Array Joining and Splitting

Several functions for combining (concatenating) and splitting up arrays are free functions in the NumPy module. The main functions (warning, these take a single tuple as their argument) are:

  • np.concatenate
  • np.vstack
  • np.column_stack
  • np.hstack

Combining arrays together is not ideal (because we have to reallocate memory - a slow operation). An alternative is to use Python lists (which append quickly on the right) until all (or sufficient) data is gathered and then convert to NumPy array.

Note, if you find yourself constantly needing to restack vectors into 2-D arrays (when doing linear algebra), you may want to look at NumPy's matrix class. Essentially, matrixs keep their 2-D shape throughout operations applied to them. They also define $*$ as matrix multiplication.

In [ ]:
joined = np.concatenate((np.array([1,2,3]),
                         np.array([4,5,6]),
                         np.array([7,8,9])))
print joined
In [ ]:
arr1 = np.arange(4).reshape(2,2)
arr2 = (np.arange(4).reshape(2,2) + 1) * 10

print np.concatenate((arr1, arr2), axis=0)
print np.concatenate((arr1, arr2), axis=1)
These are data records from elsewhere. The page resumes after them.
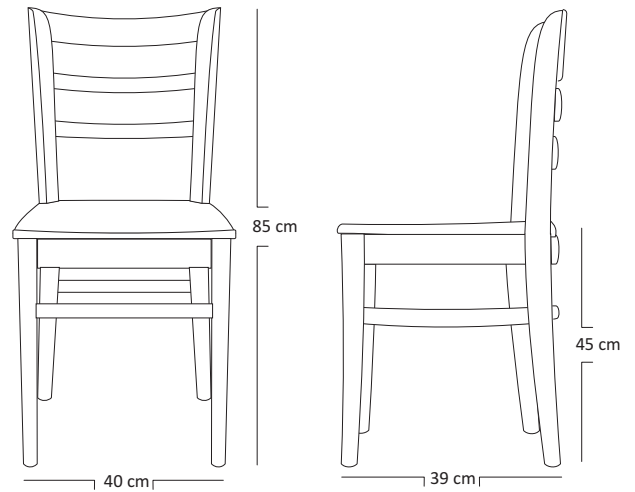

DOME CHAIR

HDC49-TB-STD

DESCRIPTION

A handy chair suitable for Cafe and restaurants. It is made of Solid wood. The chair is designed to maximize your seating capacity without compromising the comfort of your valued customers.

TIMBER FINISH

AM I - Stain

Teak Brown

Natural

DIMENSIONS

Length/Width : 40 cm
Depth : 39 cm
Total Height : 85 cm
Seat Height : 45 cm

PACKAGING

Weight : 8 Kg/Unit
Volume : 0.13 m³
Packing : 2 /Box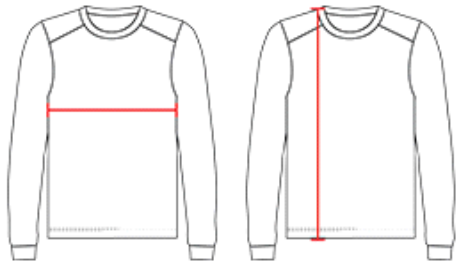

#415700 MEN'S DRIVE L/S TEE

- Badger heat seal logo on left sleeve
- Self-fabric collar
- Front and back contrast inserts with piping
- 100% polyester moisture management/antimicrobial performance fabric
- Double-needle hem

COLORS

SPECIFICATIONS

Color	S	M	L	XL	2XL	3XL	4XL
Piece Weight measured in pounds	0.36	0.36	0.36	0.36	0.36	0.36	0.36
Spec Body Length measured in inches	29 1/2	30 1/2	31 1/2	32 1/2	33 1/2	34 1/2	35 1/2
Spec Chest Width measured in inches	19	21	23	25	27	29	31
Case Count # of units per case	36	36	36	36	36	24	24

HOW TO MEASURE

These product specifications reference a product's measurements.
For sizing information and guidance, please reference our sizing charts.

BODY LENGTH

Measured on the front from the shoulder/neck intersection to the bottom of the garment.

Note, for concatenation, all dimensions (except the dimension being concatenated) must have the same size.

In [ ]:
arr1 = np.array([1,   2,  3])
arr2 = np.array([11, 22, 33])

# create a vertical stack
print "vstack:"
print np.vstack((arr1, 
                 arr2))       

# creates a column stack (horizontally)
print "column_stack:"
print np.column_stack((arr1, arr2)) 

# compare np.column_stack with np.hstack()
print "hstack (1D):"
print np.hstack((arr1, arr2)) # the 1-D arrays are not treated as columns
In [ ]:
arr = np.vstack((arr1, arr2))
print "original array:"
print arr

print "hstacking:"
print np.hstack((arr, arr)) # concatenate with 1D, but ok if we have 2D things

print "vstacking:"
print np.vstack((arr, arr))

Exercises: Array Joining (old ex. 5)

  1. Earlier, we computed a moving average across an array. Write a function that produces an array of the moving average values and is padded on the left so it has the same size as the original array.
  2. Write two functions list_append and array_append that take an iterable of data, loop across it, and append the values onto a Python list and a NumPy array. For the NumPy array, use np.concatenate. For the Python list, use append. Time the execution of the two methods on input data of 2000 elements.
In [ ]:
# FIXME  a solution
# some of the information in "subtleties (optional)" (old exercise 5) is useful 
# for understanding why the joiners have their "quirks"
def list_append(itr):
    lst = []
    for i in itr:
        lst.append(i)
    return lst

def array_append(itr):
    arr = np.array([])
    for i in itr:
        arr = np.concatenate((arr, np.array([i])))
    return arr

input_data = np.random.random(2000)
%timeit -n10 list_append(input_data)
%timeit -n10 array_append(input_data)

Bivariate Grids

If you are working with functions of more than one variable, you may need to generate values over a 2-D (or higher) grid. NumPy has some utilities to help in this case. np.meshgrid produces arrays of values that when paired elementwise (or in higher dimensions) gives the Cartesian product (all pairings) of the input values.

In [54]:
x = np.array([1,2,3])
y = np.array([10,20])
# xy-values like:  (1,10), (1,20), (2,10), (2,2), (3,10), (3,20)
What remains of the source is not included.